When people think of “fasting” what comes to mind is an almost-intolerable short period of time without food, and with nothing to drink (except maybe water) and where people usually spend most of the time counting until they can eat again. This is the case when we are used to burning carbs as our fuel source and then just stop eating. Our body slows its metabolism in response to the severe calorie restriction in an effort to spare energy. We feel cold, tired, lethargic and we find it difficult to concentrate because our body is in starvation mode.

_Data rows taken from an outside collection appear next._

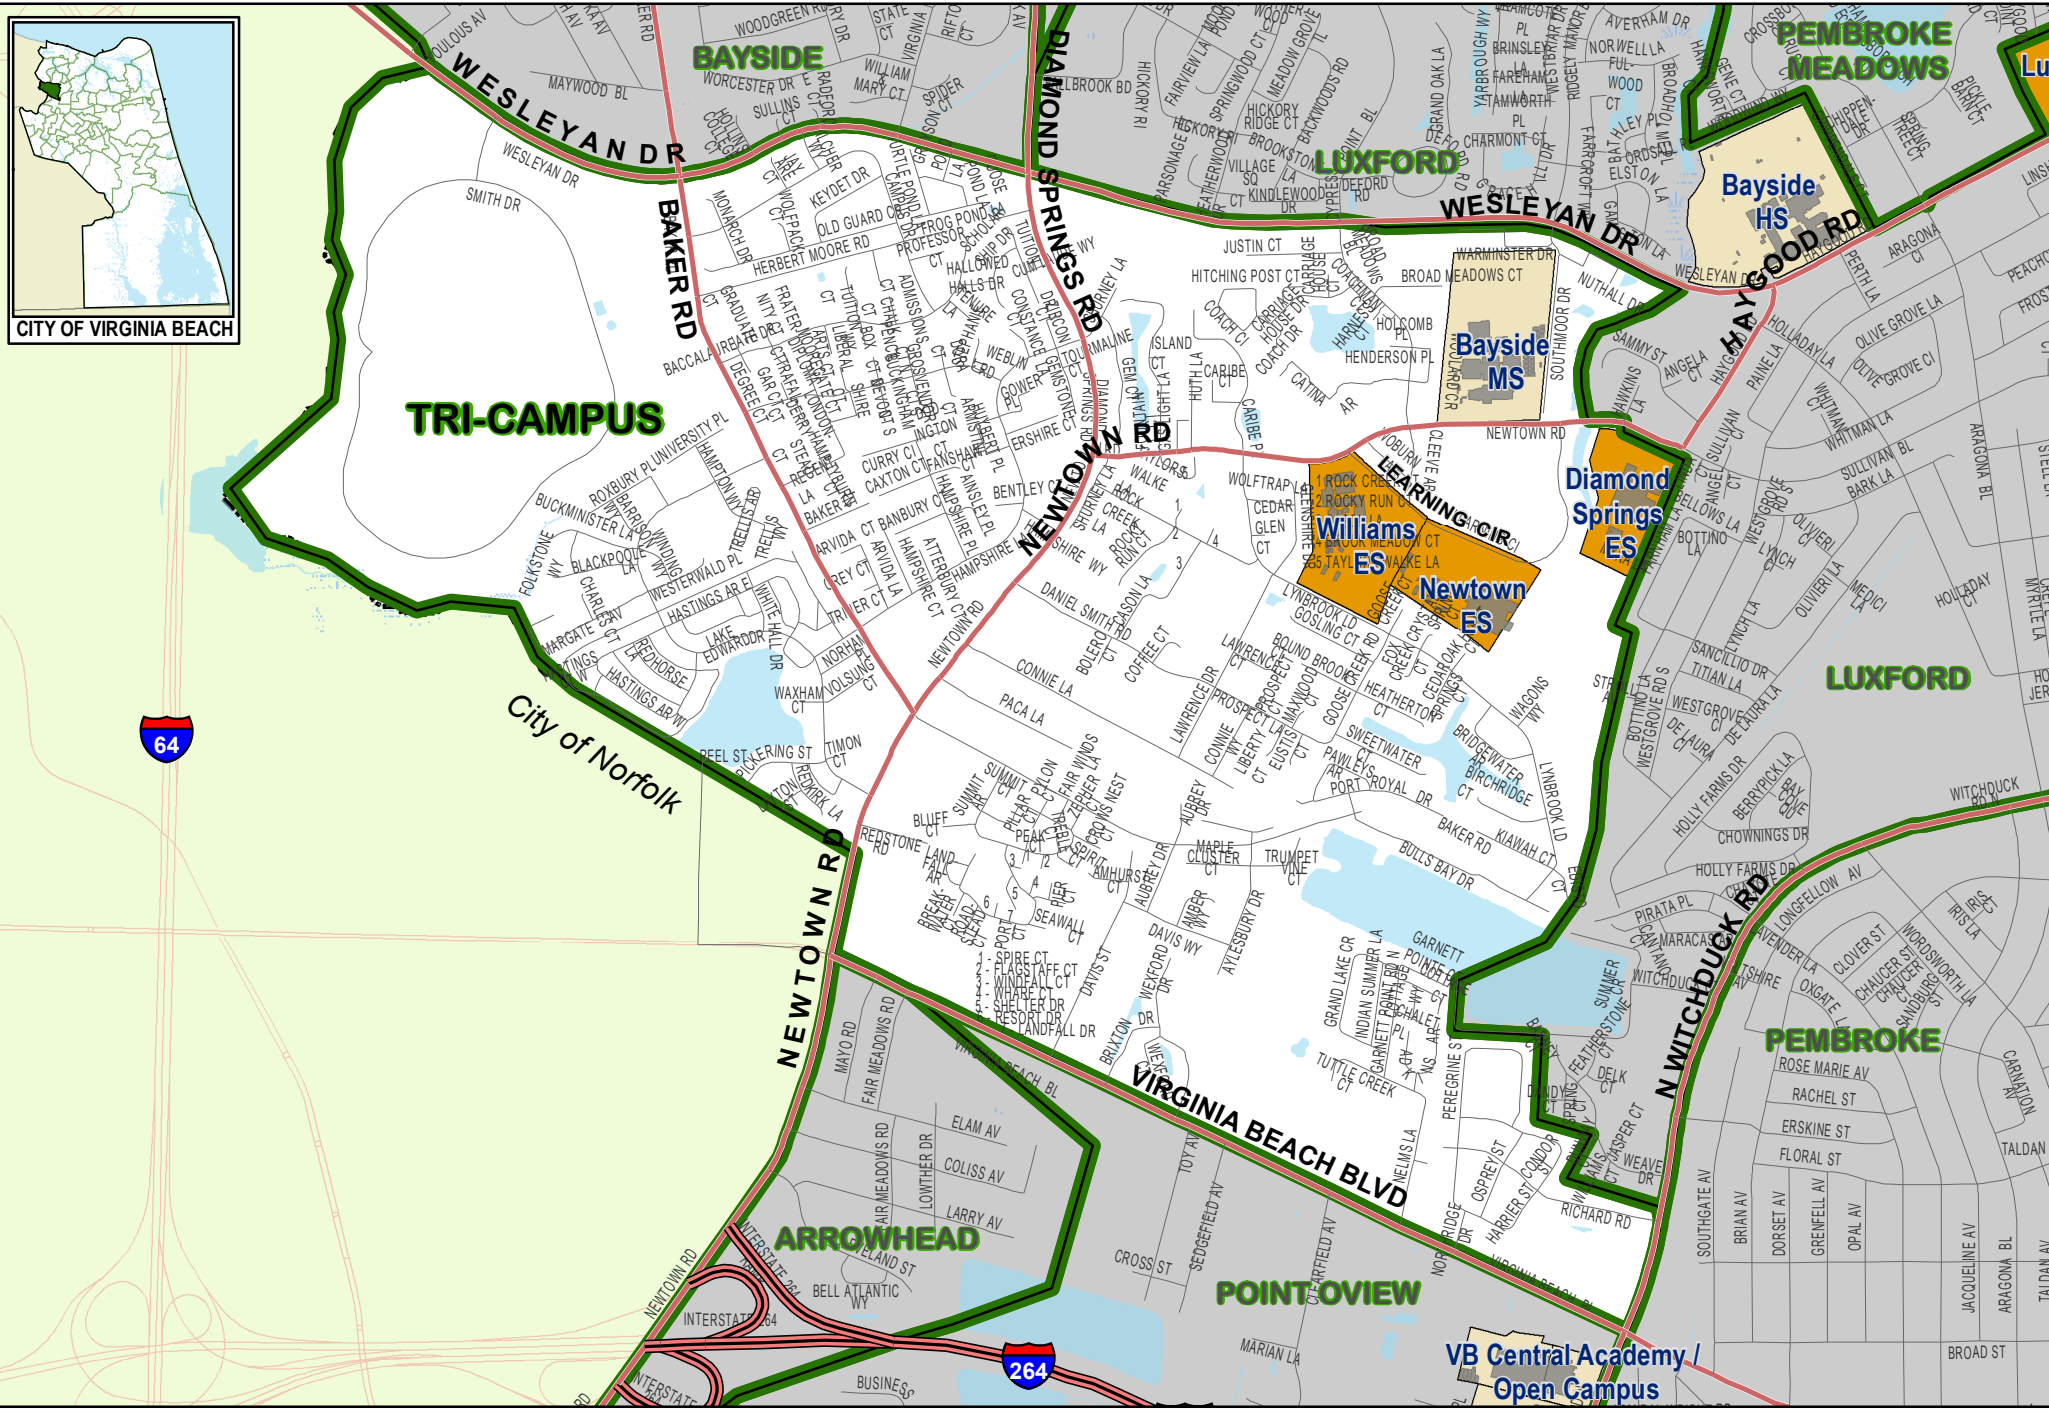

Prepared by the Department of Administrative Support Services, Facilities Planning and Construction, Office of Demographics and Planning, July 2009

CITY OF VIRGINIA BEACH

TRI-CAMPUS

Bayside HS

Bayside MS

Williams ES

Newtown ES

Diamond Springs ES

ARROWHEAD

POINT OVERLOOK

PEMBROKE

LUXFORD

PEMBROKE MEADOWS

VB Central Academy / Open Campus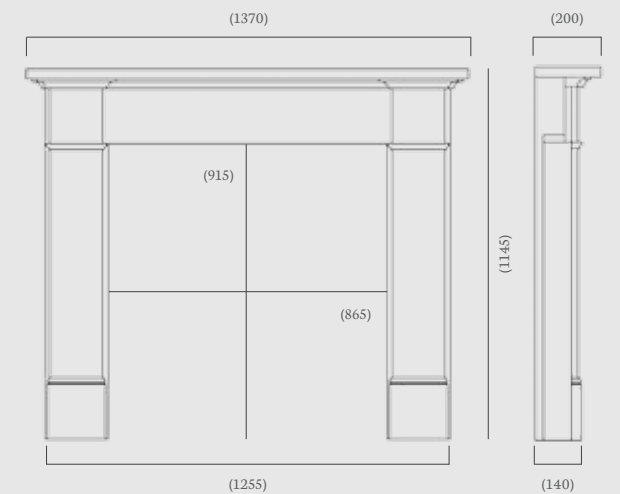

Mantel Opening: 915 x 915 mm

Shelf Depth: 225 mm

Standard Rebate: 1"

Stocked in: Aegean Limestone

Made to Measure: Aegean, Corinthian & Portuguese Limestone

(59" dimensions)

Carrara Marble

## Silsoe 54"

(54" dimensions)

A contemporary take on our popular Hershman mantel, the Silsoe combines modern detailing with a Victorian edge.

Available in Aegean Limestone and Carrara Marble, the Silsoe is pictured to the left with a black reeded fireboard chamber and Vega Edge 200SL Eco stove, and above with the black Harlington cast insert.

## Swinford 48” (48” dimensions)

Our Swinford mantel comprises simple symmetrical lines to achieve a timeless shape that will complement your surrounding modern or period décor.

Pictured in Aegean Limestone with the Rustic brick chamber, Quadrical stove and a 48” x 15” honed granite, boxed and lipped hearth, slabbed for use with solid fuel.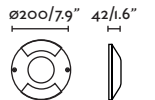

Loth 2L

70286

● Matt Black/Negro Mate

Material Body Aluminium/Aluminio
Diff Opal PC/PC Opal

Light Source COB LED 13W 3000K 235lm

CRI >80

Class I

Voltage (V/Hz) 220V-240V/50-60Hz

IP 67

IK 10

Driver ✓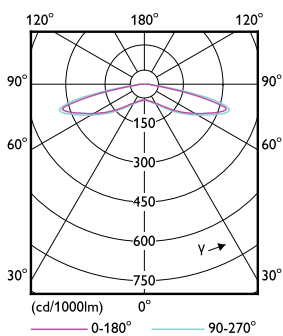

Photometric data

Light Distribution Diagram - LED MOD 20W G3 865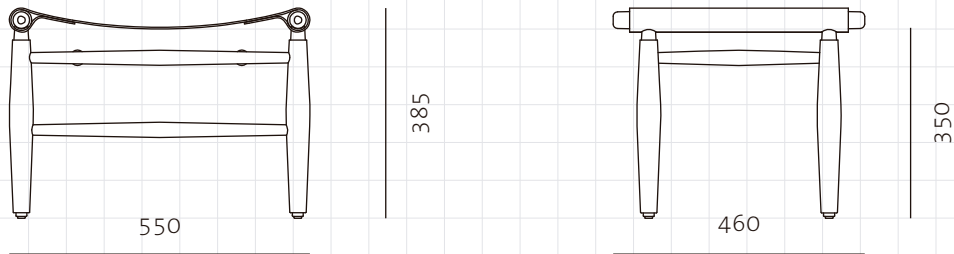

Triangle Ottoman

CODE
DIMENSIONS

VW-S510
W550 x D460 x H385mm
Seating height: 350mm

NET WEIGHT
ENVIRONMENT
MATERIALS

3.0 kg
Indoor
Solid wood frame, leather/saddle leather seat

*Please refer to website or contact your local representative for complete material swatches.

SHIPPING

| | | | |
|--------------------|-------------------------|---------------------|--------------------------|
| Package | Assembled | | |
| Package Qty | 1 pcs/box | | |
| Packaging | Measurement (mm) | Volume (cbm) | Gross Weight (kg) |
| FCL | W615 x D525 x H470 | 0.15 | 5.70 |
| LCL/AIR | W635 x D545 x H490 | 0.17 | 9.72 |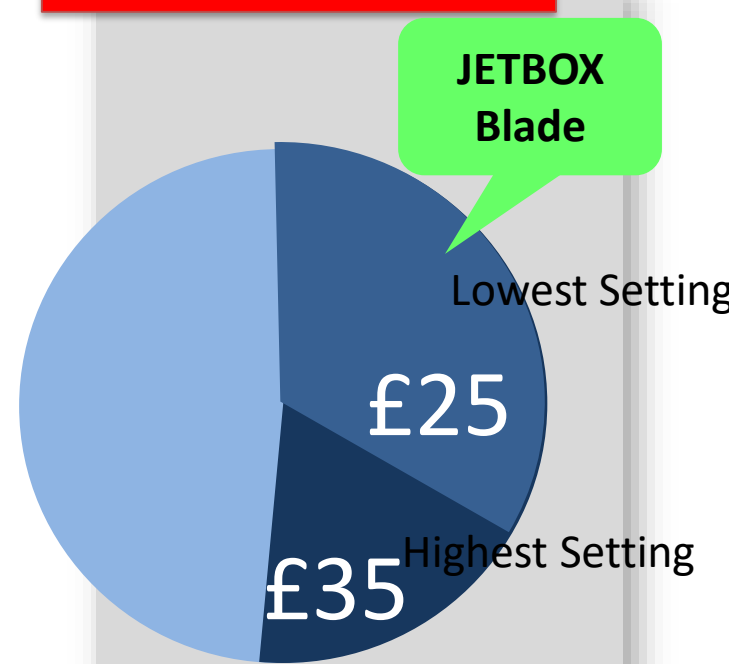

Annual Running Costs

Year	Onsite	Labour	Parts
Year 1	Onsite	Labour	Parts
Year 2	Onsite	Labour	Parts
Year 3	Onsite	Labour	Parts
Year 4	Onsite	Labour	Parts
Year 5	Onsite	Labour	Parts

Warranty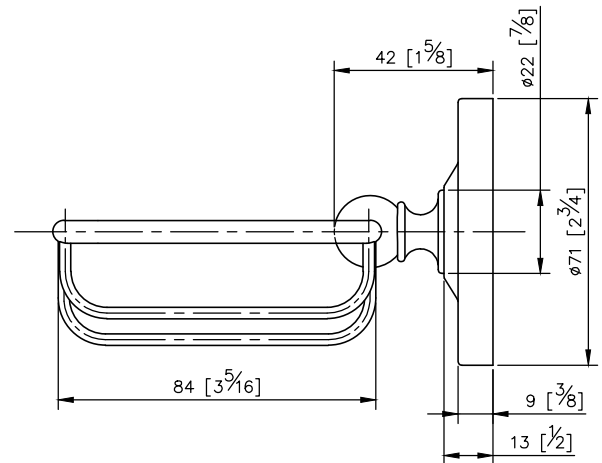

Shower Basket
6859-87-80CP

1. Brass of forging body meets JIS 3771 standard.
2. Premium metal construction for durability.
3. Justime finishes resist corrosion and tarnish.
4. Finish meets the standard of ASTM-SC2.
5. Correctly installed product's loading is 5 kgf.
6. Coordinates with other products in 6859 collection.

unit: mm[inch]

Mounting Template Specification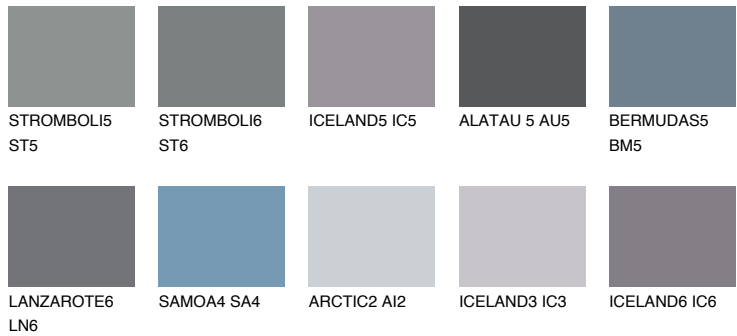

COLOUR DETAILS

TEIDE 6 TI6

4% TSR 3%

Matching colours

COLOURS

INTENSE

For more information on plasters and paints, go to www.ceresit.ee

*The presented colours refer to plasters and paints offered by Ceresit. Due to the use of digital techniques, the presented colours might not represent the original ones, thus they cannot be considered as a reliable colour presentation. We recommend checking the authentic colour samples.

When we are fat-adapted, we use the fat in our diet (dietary fat) and our own fat stores (endogenous fat) as our fuel source. When we “fast”, we stop supplying our body with dietary fat, so our body relies solely on our fat stores to supply its energy needs. Most of us who are following a low carb high fat diet have plenty of endogenous fat, so when we aren’t eating, we don’t feel hungry, tired or cold because our body has a plentiful source of energy! Our basal metabolism doesn’t drop. Rather than feeling cold and tired and finding it difficult to think, we are able to think clearly using ketones produced from fat to fuel our body, rather than glucose.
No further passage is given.